Роксана Косс пела по утрам строго в течение трех часов и иногда еще раз после полудня, если чувствовала себя в голосе, и, пока она пела, никто даже не помышлял о смерти. Все думали лишь об опере и о Роксане Косс, об упоительной красоте ее верхних регистров. Очень скоро у обитателей дома осталось три главных занятия: предвкушение ее пения, наслаждение ее пением и размышление о ее пении.

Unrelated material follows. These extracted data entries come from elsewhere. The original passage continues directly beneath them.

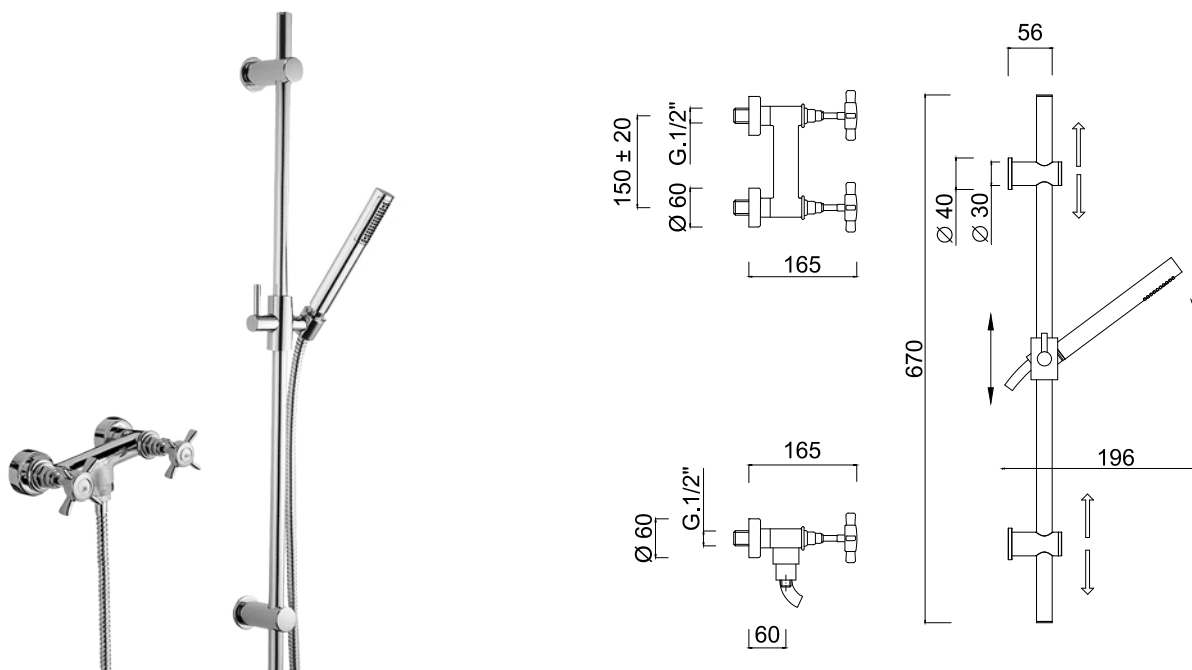

G5

7907WS

Vitone dischi ceramici, rotazione 90°
Ceramic discs headwork, 90° rotation

0132K

Sistema anticalcare
Anti-scale system

Gruppo doccia esterno con saliscendi e doccia

External shower mixer with sliding rail set.

mitigeur extérieur de douche avec barre coulissante et ensemble de douche.

Aufputz-Brausebatterie mit Brausestange und Brauseset.

Grupo ducha externo con conjunto ducha.

Смеситель для душа внешнего монтажа с комплектом штанги для душа.

Articolo	Note	CROMO	AR	O	
7907WS		✓	✓	✓	

CROMO: Cromo / Chrome-Plated - **AR:** Argento Antico / Old Silver - **O:** Oro / Gold

Rubinetteria Giulini Giovanni srl

Via Salvo D'Acquisto, 22 - 28076 Poggio (No) Italy
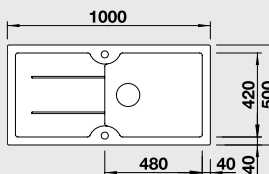

60 cm skříňka

Výřez: 977 x 477 mm, R15
Hloubka dřezu: 175 mm

Barva	Obj. číslo	MOC s DPH	Akční cena v Kč
černá	520 315		
basalt	520 314		
aluminium	520 313		
zářivě bílá	520 308	21 480	17 430
bílá matná	520 310		
magnolie lesklá	520 309		
jasmín	520 312		

Katalog strana 172
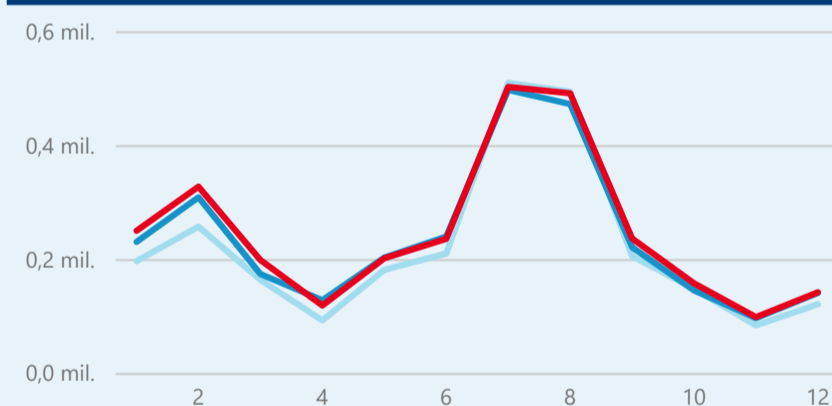

Průměrná doba pobytu (dny)

43,90 %

Čisté využití lůžek

Čisté využití lůžek

Čisté využití pokojů

Kapacity HUZ (top 5 dle počtu lůžek)

Počet příjezdů v HUZ

Počet přenocování v HUZ

Průměrná doba pobytu (dny)

Sezonální srovnání

Poměr DCR a PCR

Legenda ● Domácí cestovní ruch ● Příjezdový cestovní ruch

Legenda ● Domácí cestovní ruch ● Příjezdový cestovní ruch

Legenda ● Domácí cestovní ruch ● Příjezdový cestovní ruch
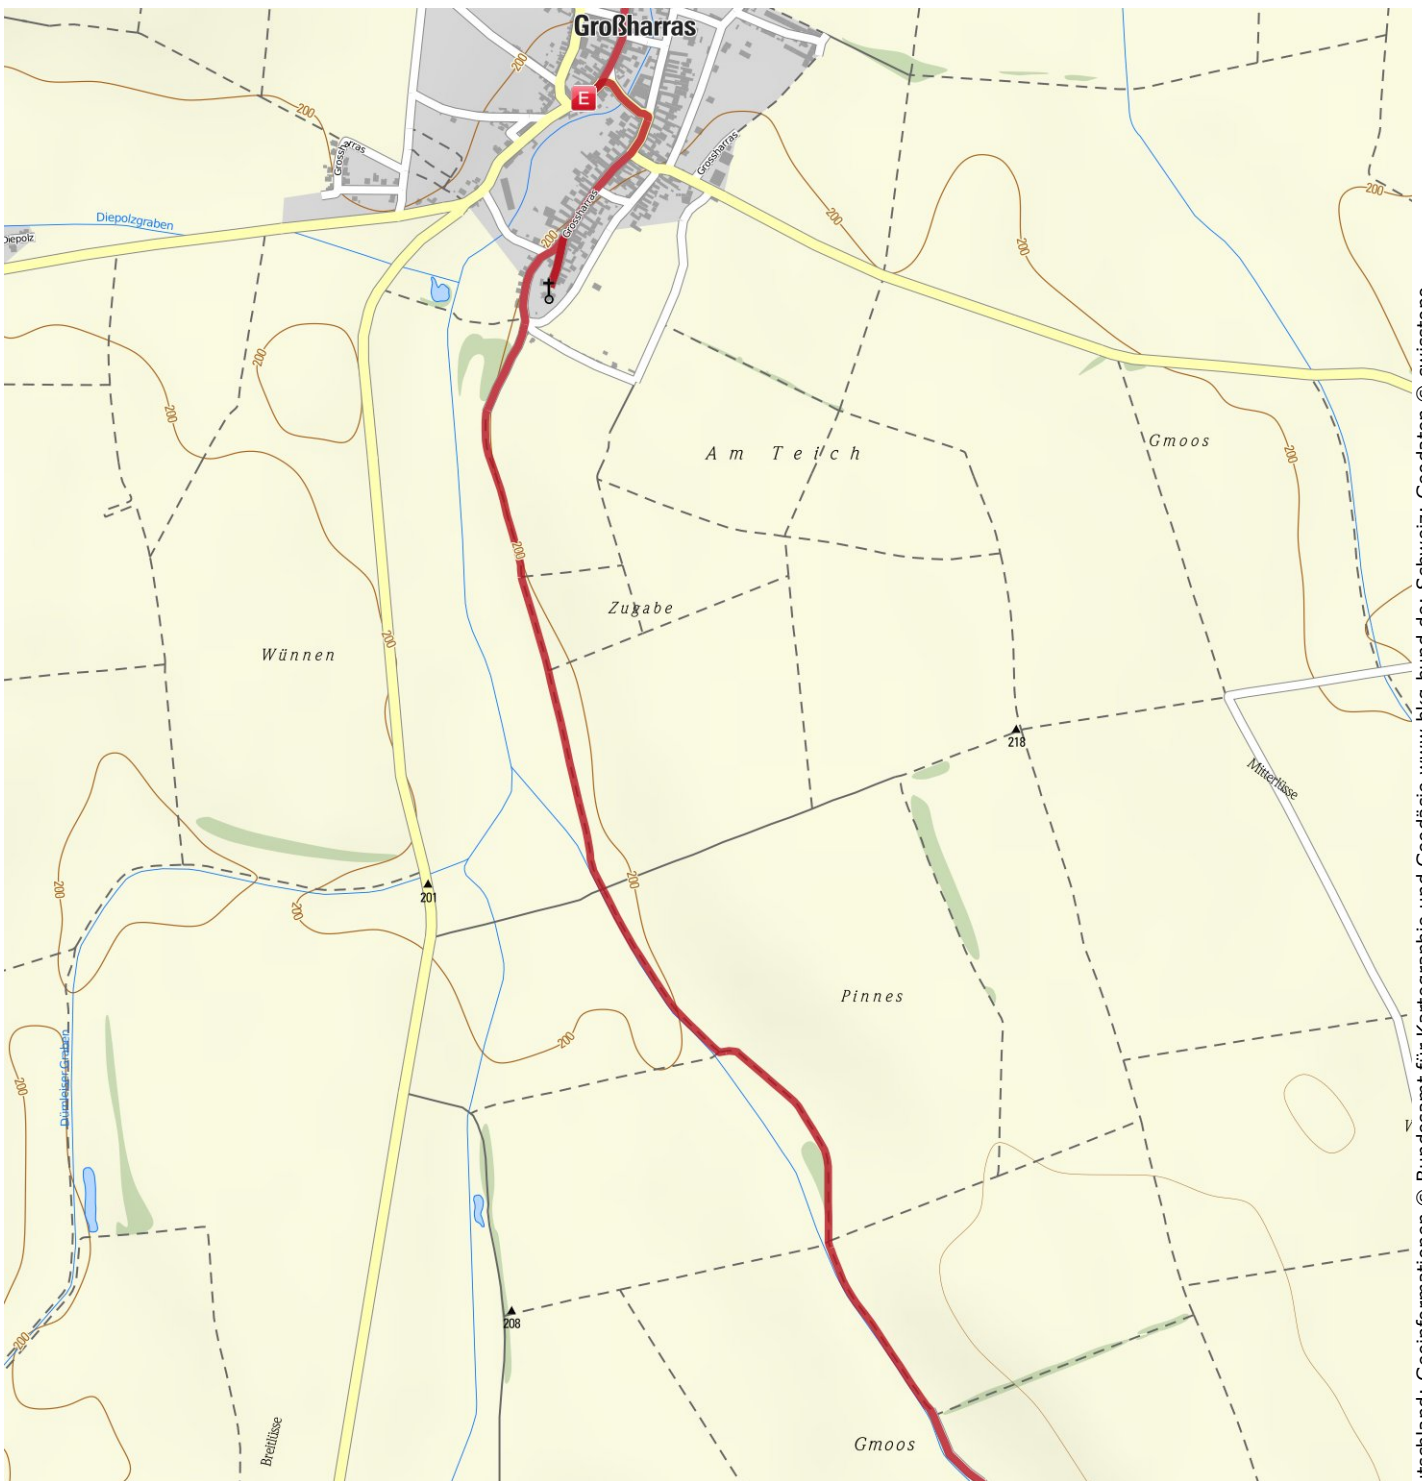

Der Steinige

Länge 18,5 km Dauer 1:20 h Höhenmeter ▲ 131 m ▼ 131 m

Alpstein Tourismus GmbH & Co. KG; Deutschland: Geoinformationen © Bundesamt für Kartographie und Geodäsie www.bkg.bund.de; Schweiz: Geodaten © swisstopo (5704002735); Mallorca: © 1:25.000 del Instituto Geográfico Nacional; Italien und Österreich: © 1994-2011 NAVTEQ. All Rights reserved.

München und seine Hausberge
Top Touren · Detailreiche Karten

 Mountainbike App

www.schoeffel.com 

DIE GANZE PALETTE SOMMERFARBEN.

Der Steinige

Länge 18,5 km Dauer 1:20 h Höhenmeter ▲ 131 m ▼ 131 m

Alpstein Tourismus GmbH & Co. KG; Deutschland: Geoinformationen © Bundesamt für Kartographie und Geodäsie www.bkg.bund.de; Schweiz: Geodaten © swisstopo (5704002735); Mallorca: © 1:25.000 del Instituto Geográfico Nacional; Italien und Österreich: © 1994-2011 NAVTEQ. All Rights reserved.

München und seine Hausberge
Top Touren · Detailreiche Karten

 Mountainbike App

 Available on the App Store

www.schoeffel.com 

DIE GANZE PALETTE SOMMERFARBEN.

Der Steinige

Länge 18,5 km Dauer 1:20 h Höhenmeter ▲ 131 m ▼ 131 m

München und seine Hausberge
Top Touren · Detailreiche Karten

 Mountainbike App

DIE GANZE PALETTE SOMMERFARBEN.

Der Steinige

Länge 18,5 km Dauer 1:20 h Höhenmeter ▲ 131 m ▼ 131 m

München und seine Hausberge
Top Touren · Detailreiche Karten

Хоть власть и ускользала из рук командиров, они как будто этому не препятствовали. Теперь полная безнадежность их предприятия казалась главарям террористов не столь невыносимой, и вот уже много ночей они спали почти спокойно. Командир Бенхамин продолжал отмечать дни на стене в столовой. У них появилось больше времени, чтобы сосредоточиться на переговорах. Между собой командиры разговаривали так, словно пение являлось частью их плана. Оно успокаивало заложников. Дисциплинировало боевиков. И к тому же отлично помогло разделаться с шумом из-за стены. Похоже, при открытых окнах пение было слышно снаружи – вопли громкоговорителей прекращались, стоило Роксане Косс раскрыть рот, а через пару дней после начала репетиций громкоговорители замолкли вовсе. В такие часы улица наверняка представляла собой любопытное зрелище: забитая народом, никто не кашляет и не грызет чипсы, все тянут шеи, чтобы внимать голосу, который раньше слышали разве что в записях и во сне. Выглядело все так, будто командиры организовали для людей ежедневную концертную программу – они, кстати, и сами в это уже поверили. Подарок народу, развлечение военным. Все-таки не зря они захватили Роксану Косс.
– Мы заставим ее петь еще больше, – заявил командир Эктор, развалившись под балдахином на обширной кровати в одной из нижних гостевых спален и водрузив ноги в башмаках на светлое, покрытое вышивкой одеяло. Бенхамин и Альфредо сидели в креслах, обитых материей с узором из громадных розовых пионов. – Пару лишних часиков она выдержит без проблем. И разнесем эти выступления по времени так, чтобы было неожиданно.
– И исполнять она будет то, что мы скажем, – вторил ему Альфредо. – Пусть поет по-испански. Этот итальянский невозможно выносить. К тому же она может пропеть наши требования.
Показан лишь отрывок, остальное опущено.